WHAT YOU NEED TO DO: Keep every word of the listing and reproduce it exactly, but set aside any image found there.

GIVEN ENTRIES:
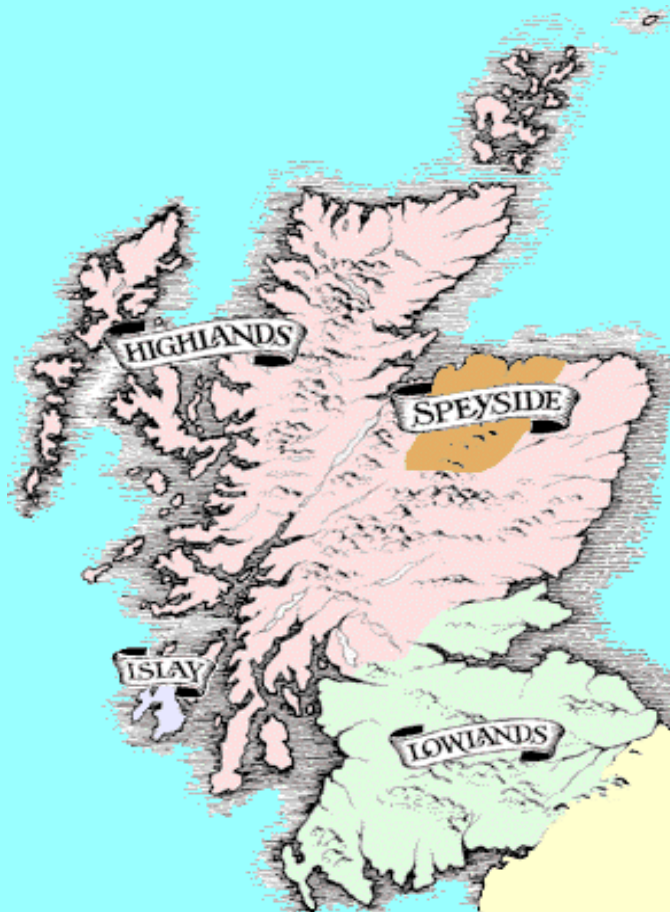

## The Laurel Mancunium Chapter of ten-X Special

The map of Scotland above shows the Classic Malt Whisky Regions

This is to celebrate the second anniversary of our newest certificate the **Millennium VIP**, and will run from 10/Oct/2002 to 10/Nov/2002.

As the Millenium VIP members are now in the Highlands of Scotland the Special is based on the Classic Malt Whiskies produced in Scotland and famous throughout the World.

Anyone wishing to participate should apply via E-mail as soon as possible to receive a personal number relating to one of the Classic Malt Whiskies from either of the two E-Mail addresses below.

OUTPUT OF THE EXERCISE:
## The Laurel Mancunium Chapter of ten-X Special

The map of Scotland above shows the Classic Malt Whisky Regions

This is to celebrate the second anniversary of our newest certificate the **Millennium VIP**, and will run from 10/Oct/2002 to 10/Nov/2002.

As the Millenium VIP members are now in the Highlands of Scotland the Special is based on the Classic Malt Whiskies produced in Scotland and famous throughout the World.

Anyone wishing to participate should apply via E-mail as soon as possible to receive a personal number relating to one of the Classic Malt Whiskies from either of the two E-Mail addresses below.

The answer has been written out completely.